* **ASSIGNMENT**: In this exercise, write out the data word for word and leave every image out.

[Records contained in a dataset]

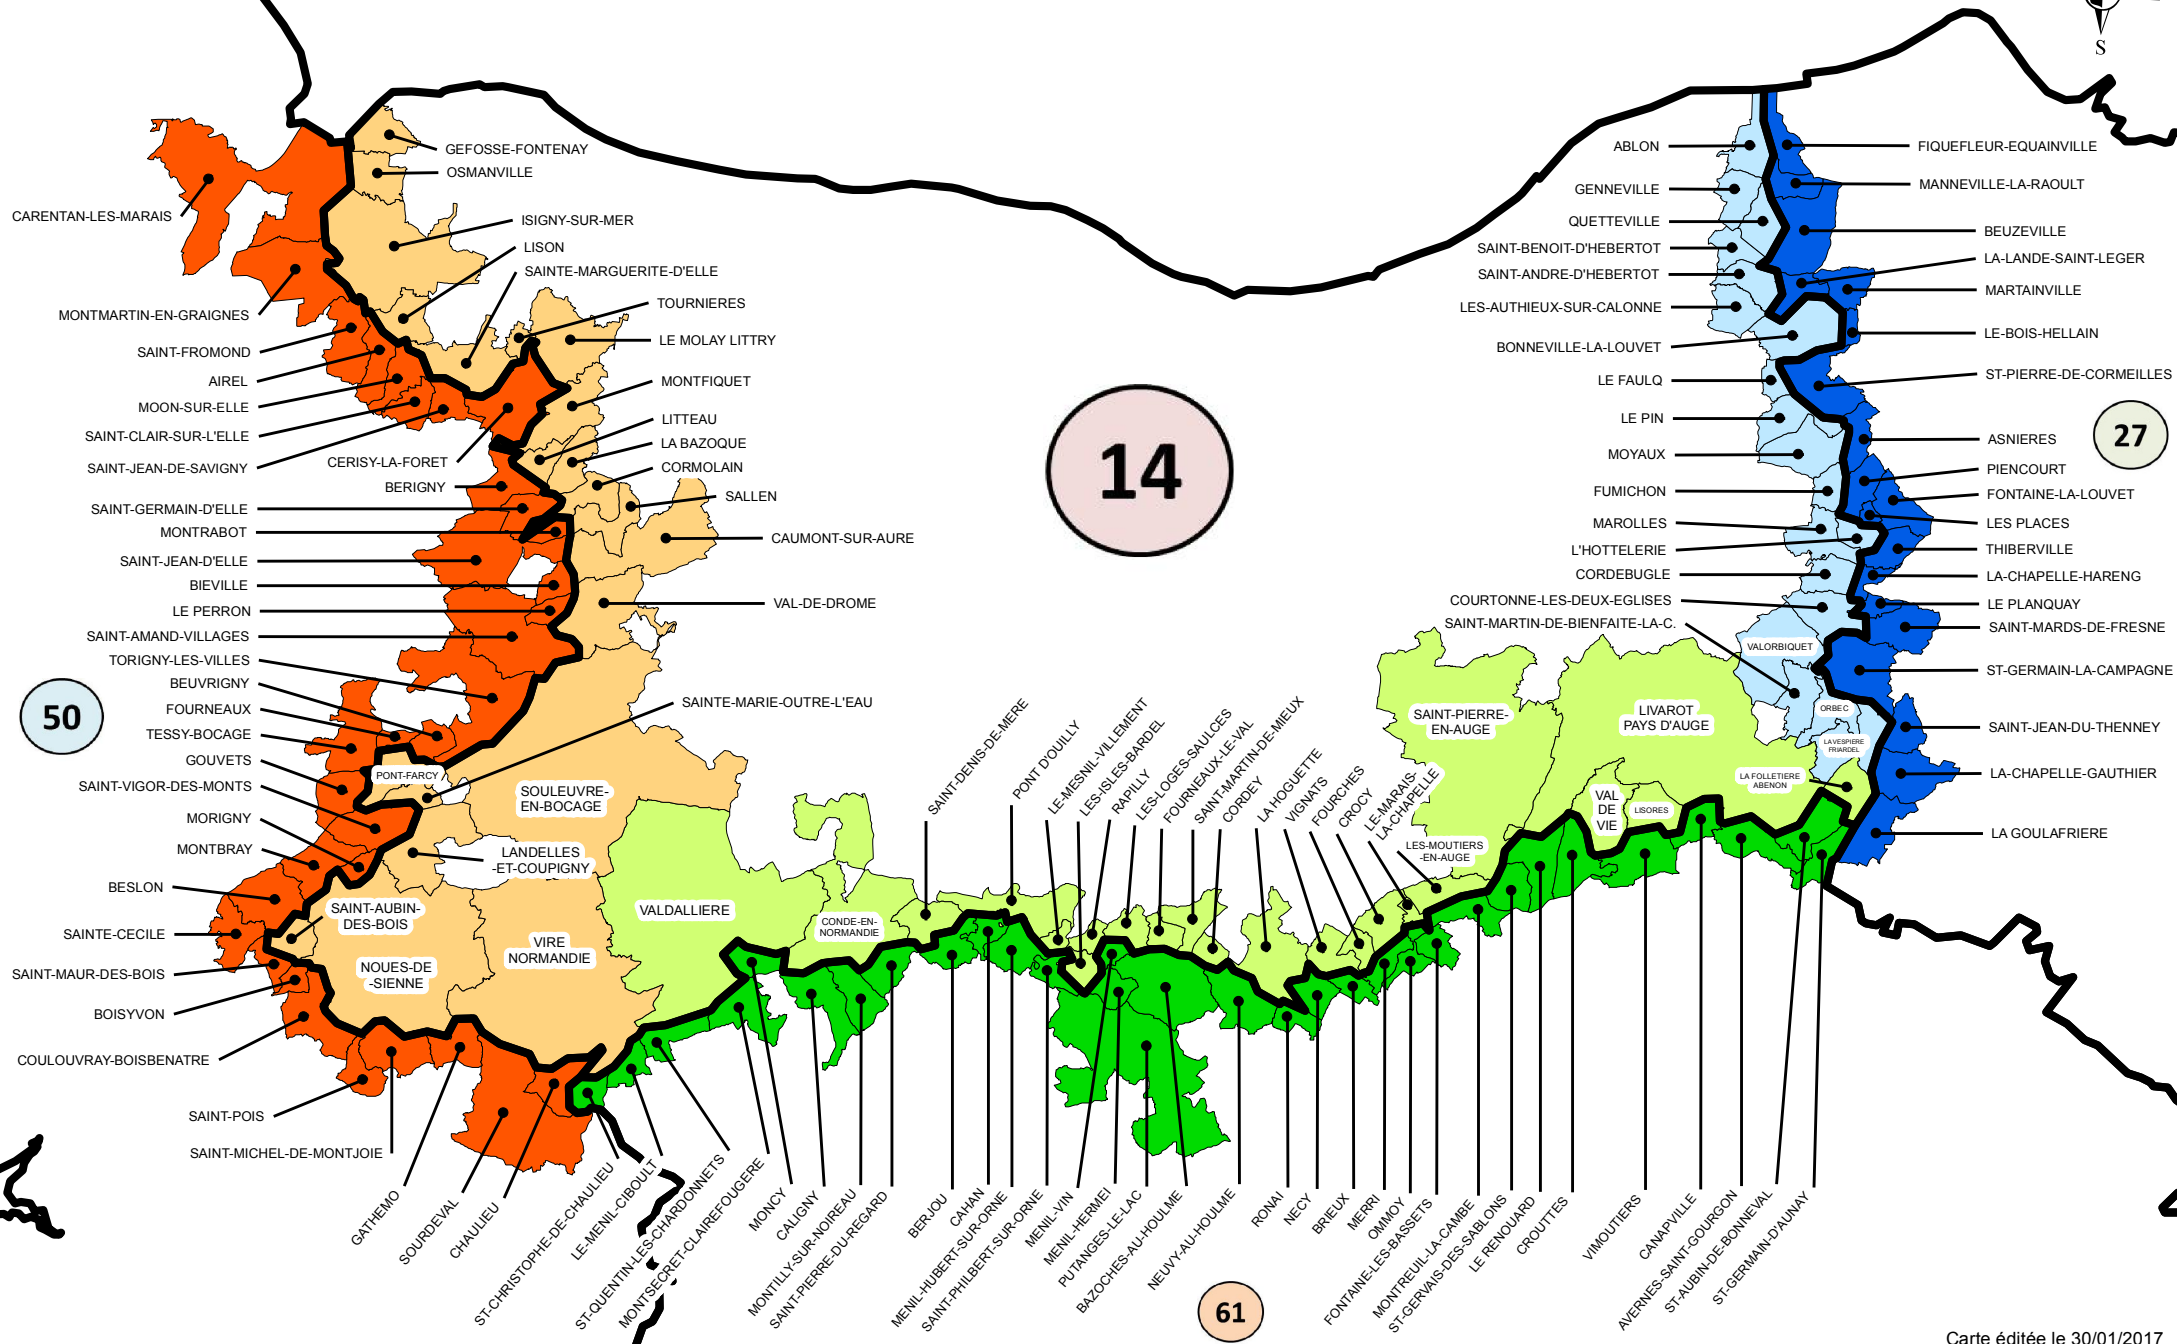

Communes limitrophes du Calvados (14)

0 5 10 20 Kilomètres

50

14

27

61

* **EXERCISE RESPONSE**:
Communes limitrophes du Calvados (14)

0 5 10 20 Kilomètres

50

14

27

61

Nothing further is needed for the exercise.